K147N Hemagglutinin Mutation Reduces C12H5 Neutralization in A(H1N1)pdm09

A study of A(H1N1)pdm09 hemagglutinin (HA) reports that the K147N hemagglutinin substitution reduced neutralization by the monoclonal antibody C12H5 (which the authors describe as cross-neutralizing across multiple H1N1 and H5N1 strains) and was also reported to be common in recent surveillance sequences.

The authors describe a workflow that coupled computational prioritization with reverse-genetics construction of single-point mutants, followed by functional neutralization assays and sequence-based epidemiology. Across mutation selection, laboratory readouts, and population sequence trends, the paper presents K147N as the key mutation identified in both the experimental and surveillance analyses.

Investigators report building an ESM-2–based antigen–antibody model to screen for candidate HA substitutions with potential to reduce C12H5 binding, using SHAP analysis to rank sites for follow-up testing.

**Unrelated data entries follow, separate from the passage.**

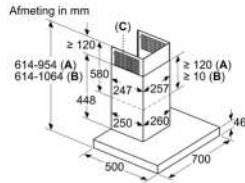

MÁY HÚT MÙI BOSCH

MÁY HÚT MÙI GẮN TƯỜNG SERIES 6 HMH.DWB77CM50

Giá NY: 19.990.000 VND

Tính năng:

- Sử dụng động cơ không chổi than
- Loại điều khiển: Cảm ứng
- Số cấp độ hút: 3 + 1 mức hút sâu
- Đèn chiếu sáng: 2 x 1.5W LED
- Số lưới lọc dầu mỡ: 2

Thông số kỹ thuật:

- Công suất hút: 671 m³/h
- Màu sắc: Thép không gỉ
- Kích thước ống xả: 150/120 mm
- Khoảng cách tối thiểu tới bề mặt bếp điện/bếp gas: 550/650 mm
- Hiệu suất năng lượng theo tiêu chuẩn châu Âu: A
- Độ ồn Min/Max: -/60 dB
- Công suất kết nối: 143 W
- Kích thước thiết bị (CxRxS): 614-1064 x 698x 500 mm
- Xuất xứ: Đức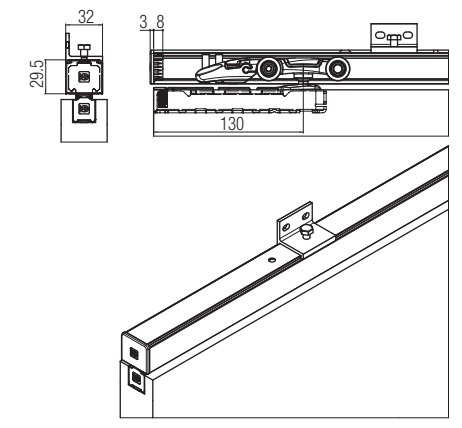

Ausführbare Schiebetür-Lösungen
Possible sliding solutions
Mogelijke oplossingen schuifdeuren

BASIC

80 kg

80 kg

SYSTEM 0600/80/120

Pat-Pending

Holzschiebetür-Lösung für bündige Türen
 Solution for a flush wooden sliding door
 Schuifstelsysteem voor houten deuren met 3 mm ophanging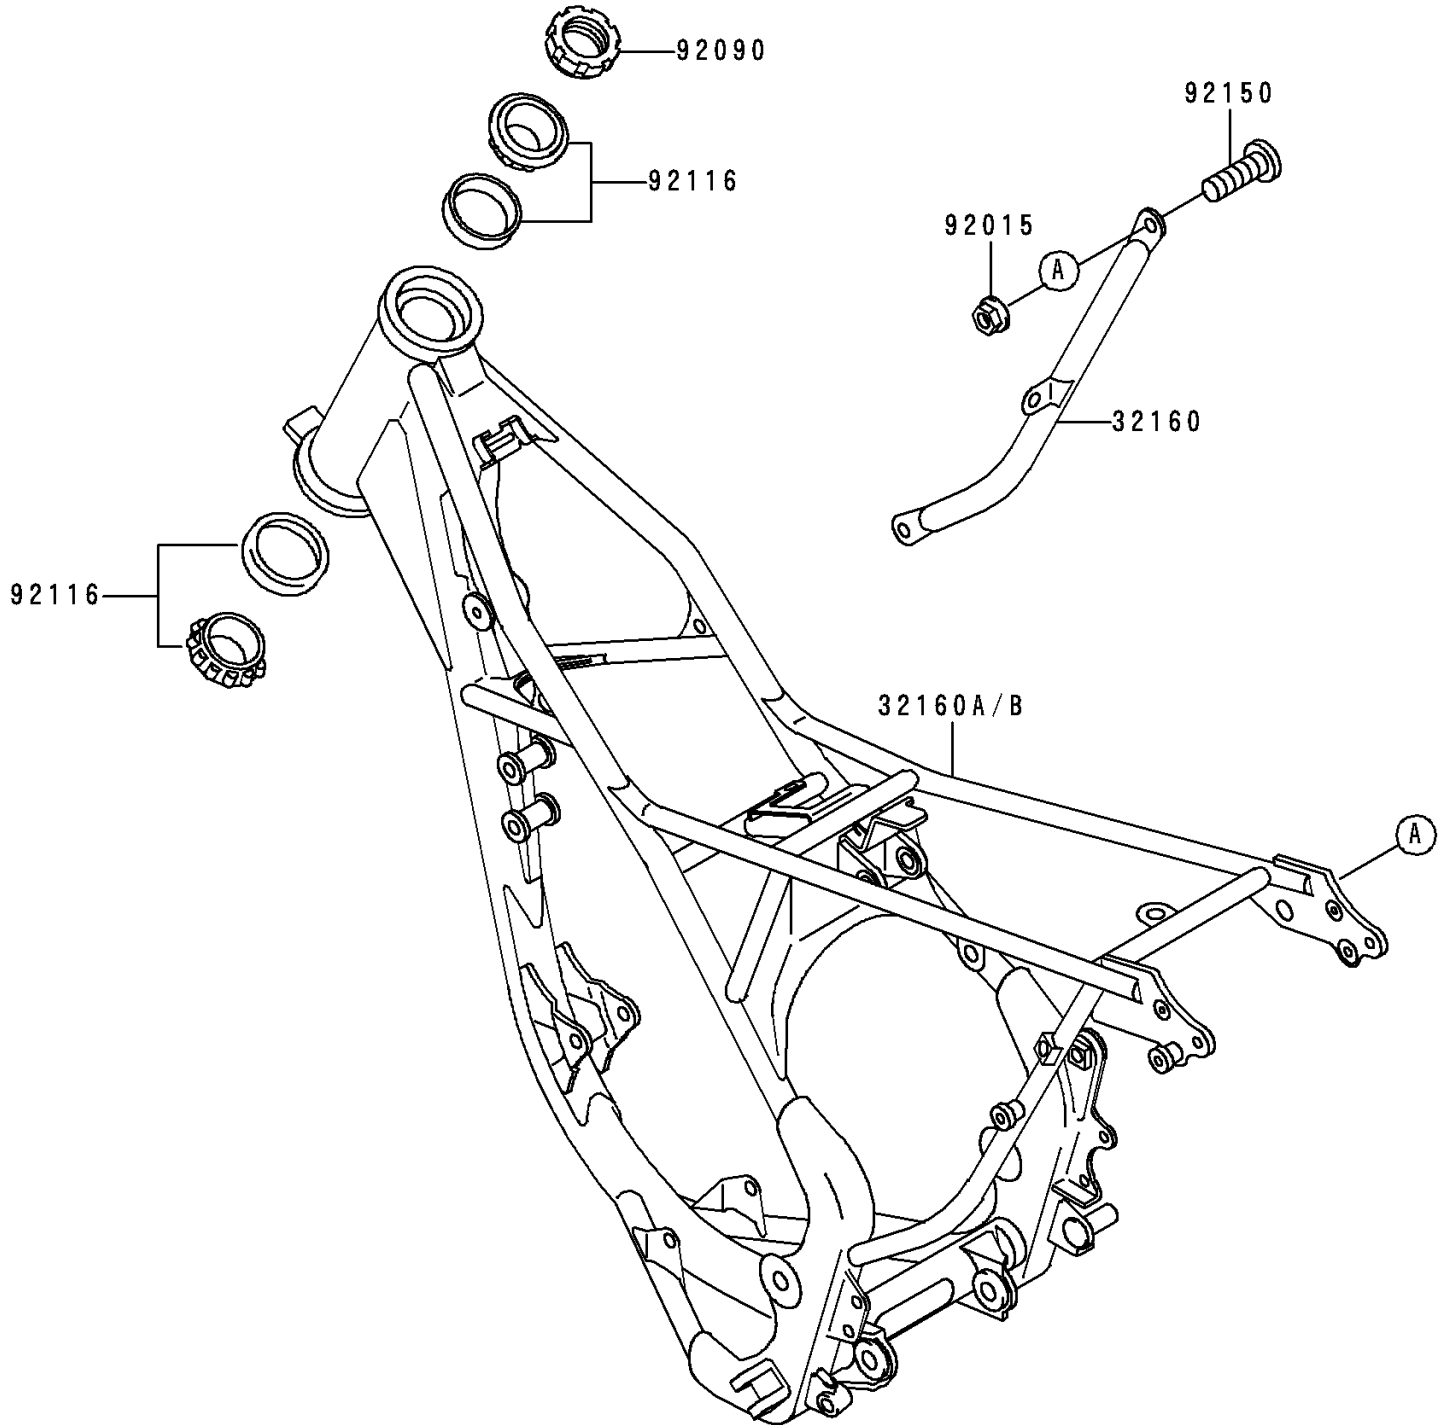

1993 KX80 PARTS DIAGRAM

Frame

F 2120

1993 KX80 PARTS LIST

Frame

ITEM NAME	PART NUMBER	QUANTITY
FRAME-COMP,SUB,L.GREEN (Ref # 32160)	32160-1141-CC	1
FRAME-COMP,MAIN,L.GREEN (Ref # 32160B)	32160-1214-CC	1
NUT,FLANGED,10MM (Ref # 92015)	92015-1502	2
NUT,25MM (Ref # 92090)	92090-024	1
BEARING-ROLLER,H1-CAP32005JRRS (Ref # 92116)	92116-1065	2
BOLT,SOCKET,10X23 (Ref # 92150)	92150-1221	2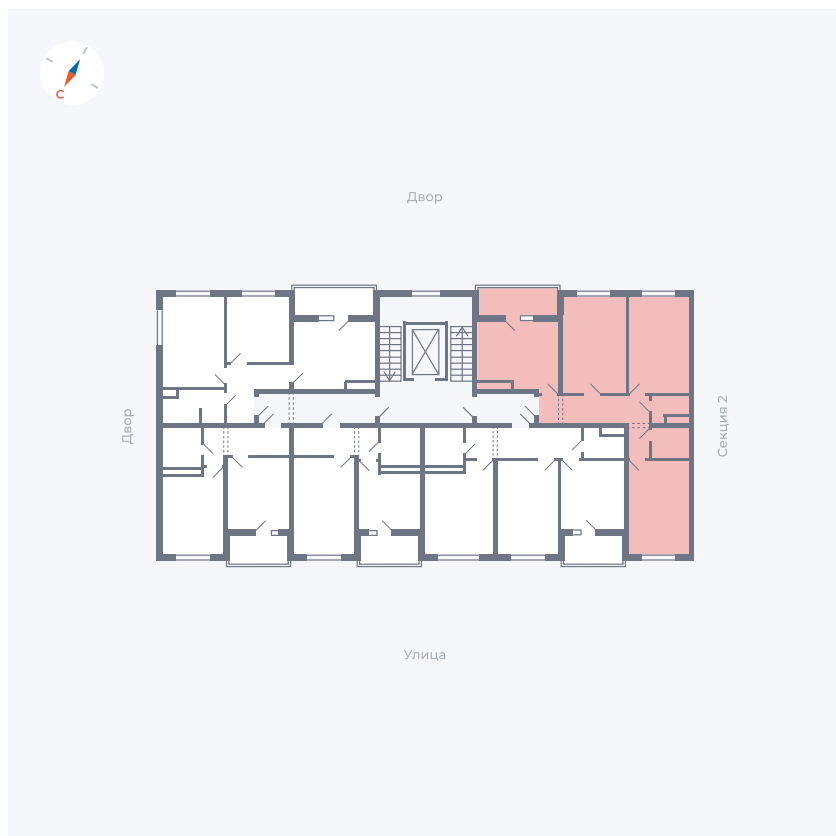

На этаже

Для заметок

Дата генерации: 23.02.2025

In their prioritization results, K147 was described as the top-ranked escape candidate, with a composite score of 0.92 and SHAP importance of 0.28. The study then moved from in silico ranking to wet-lab validation by generating recombinant viruses carrying candidate single substitutions via reverse genetics, enabling direct comparisons between a wild-type background and targeted mutants. The authors frame the next step as assessing whether prioritized substitutions translate into measurable escape in functional assays.

In functional testing, the authors report that K147N was the main substitution associated with reduced C12H5 activity across two assay formats. In hemagglutination inhibition testing, they describe an 8-fold reduction in HI titer for the K147N-bearing recombinant virus compared with wild type (1:1024 to 1:128). In a separate microneutralization assay in MDCK cells, they report an approximately 6-fold reduction in neutralization titer for the same substitution (8.3 log2 to 5.7 log2). The paper presents these as distinct readouts—receptor-binding inhibition versus neutralization of infectious virus—that converged on K147N as the leading escape signal. Overall, the reported assays indicate reduced C12H5 neutralizing performance against the K147N recombinant virus under the conditions tested.

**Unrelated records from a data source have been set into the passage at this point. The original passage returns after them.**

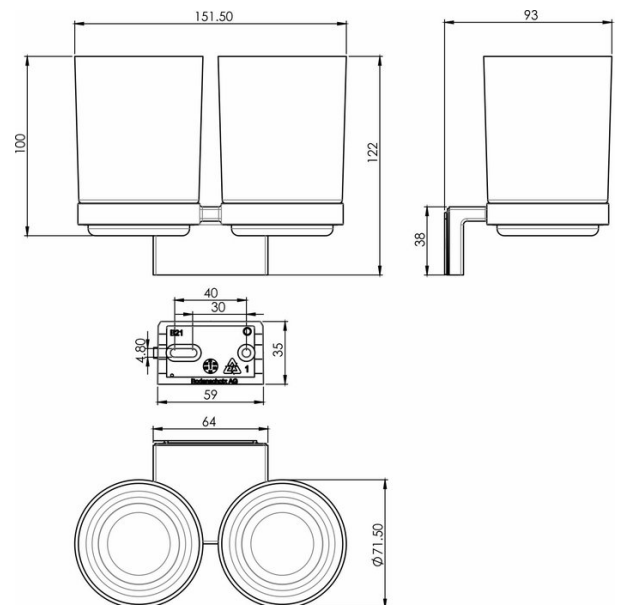

Masszeichnung

Pflegehinweise

Finden Sie unter bodenschatz.ch/de-de/service/reinigung-pflege/

Ersatzteile & Zubehör

BA21XX802	Mattglas und Seifenspendergehäuse
BA21XX821	Wandflansch zum Kleben/Bohren CHIC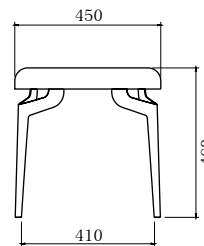

VARIAÇÃO
DE MEDIDAS

	X	Xa
5601BC	1600	1560
5602BC	1800	1760
5603BC	2000	1960

NAVARRO
móveis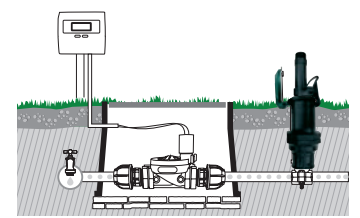

Hidrante de toma rápida

- Rosca macho de 3/4"

GF80002284	
Box (LxWxH) cm 40x25x14	
Pcs 10	
Kg 2,04	8 004779 001796

Llave de toma rápida para hidrante

- Rosca macho de 3/4"

GF80002283	
Box (LxWxH) cm 40x25x14	
Pcs 20	
Kg 1,65	8 004779 001789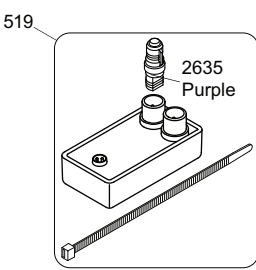

Extension Verlängerung Forlængerdele Förlängning Verlengstukken Modification

Geberit parts: **NOT INCLUDED**

Geberit Omega & 115.861.00.6

& 115.955.00.6

Geberit parts: **NOT INCLUDED**

Geberit Sigma UP320 & 115.861.00.6

& 115.862.00.6

VR512: 2xVR515, 2xVR515A VR521

vola
Lunavej 2
DK-8700 Horsens
Tlf : + 45 7023 5500
sales@vola.com
www.vola.com

VOLA RS82/RS83E 12V

Date
Mar. 23

Rev.
2

Sheet
SB 116

To relate the mutation to HA topology, the study reports structural mapping that places residue 147 at the edge of the HA 130-loop (Pa antigenic site), adjacent to the receptor-binding domain and oriented toward the antibody-binding interface. The authors describe visualizing candidate sites on a referenced HA structure using their stated workflow, focusing on how prioritized residues spatially align with regions implicated in antibody recognition. In this depiction, K147 is presented as positioned near the receptor-binding site rather than buried in the HA core. The authors use this reported localization to support the plausibility that changes at 147 could affect antibody engagement.

Beyond neutralization, the authors report one-step growth-curve observations in MDCK cells sampled at 12, 24, 48, and 72 hours, in which titers for K147N were described as comparable to wild type early and higher during the mid-to-late phase (24–72 hours). They also describe sequence epidemiology from GISAID-derived HA data showing rapid expansion of K147N frequency, reaching 98.9% by 2023 and 99.6% by 2024, alongside broad geographic penetration across major regions in their analysis. In co-occurrence analyses, S164T and A203T were reported as enriched among sequences carrying K147N.

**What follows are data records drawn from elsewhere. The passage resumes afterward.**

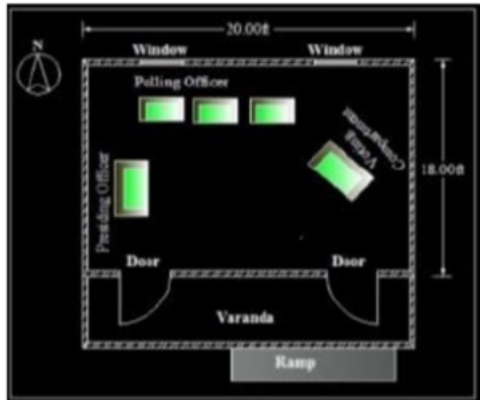

নিৰ্বাচক পঞ্জীয়ন বিষয়াৰ স্বাক্ষৰ

Nazri Naksha

Google Map View

Polling Station Building Front View

ভোটগ্ৰহন কেন্দ্ৰৰ সন্মুখৰ দৃশ্য

Cad View

Key MAP View

বিধানসভা সমষ্টিৰ নম্বৰ আৰু নাম : 101-মৰিয়নী
অংশৰ নম্বৰ আৰু নাম : 1-জয়মতী নগৰ (ৱাৰ্ড নং ১)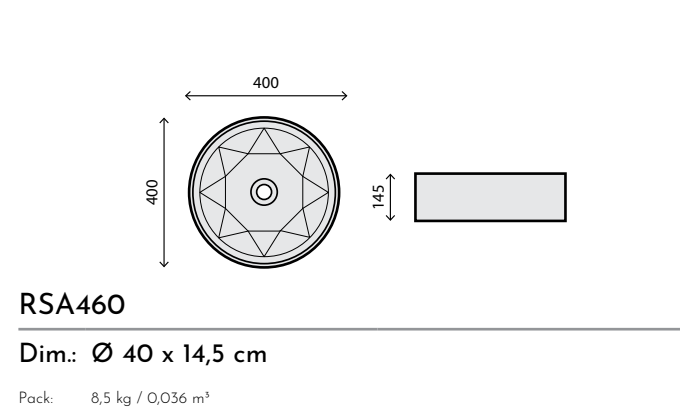

Break the Rules

RS78125MW

Dim.: 63,5 x 41 x 13,5 cm

Pack: 8kg / 0,043m³

RS78351

Dim.: 56,5 x 37,5 x 12,5 cm

Pack: 7kg / 0,038m³

RS78172

Dim.: 48 x 41 x 12 cm

Pack: 8kg / 0,03m³

RS287

Dim.: 42 x 42 x 15 cm

Pack: 8kg / 0,033m³

RS78179

Dim.: 49 x 37 x 13 cm

Pack: 12kg / 0,041m³

Break the Rules

RS526

Dim.: 56 x 35,5 x 12 cm

Pack: 17 kg / 0,03 m³

RS534

Dim.: 38 x 38 x 14 cm

Pack: 8,8 kg / 0,026 m³

RSA460

Dim.: Ø 40 x 14,5 cm

Pack: 8,5 kg / 0,036 m³

RS78548

Dim.: Ø 41 x 12 cm

Pack: 9 kg / 0,026 m³

RS549

Dim.: 40 x 40 x 11 cm

Pack: 9kg / 0,023m³

In the discussion, the authors characterize K147N as a critical escape mutation and suggest it could be relevant to broad-spectrum antibody optimization and considerations around influenza vaccine updates, based on their combined experimental and sequence analyses.

Key Takeaways:

• The authors report a workflow that prioritized HA sites computationally and then tested targeted single substitutions in recombinant viruses, with K147N emerging as the central candidate across steps.
• Across two functional neutralization readouts, investigators observed reduced C12H5 activity against the K147N-bearing recombinant virus, with both assays pointing to the same substitution as the primary escape signal.
• The study reports K147’s placement near the 130-loop/receptor-binding interface, a mid-to-late replication kinetics pattern in MDCK cells, and rapid surveillance emergence with enrichment of co-occurring substitutions (including S164T and A203T).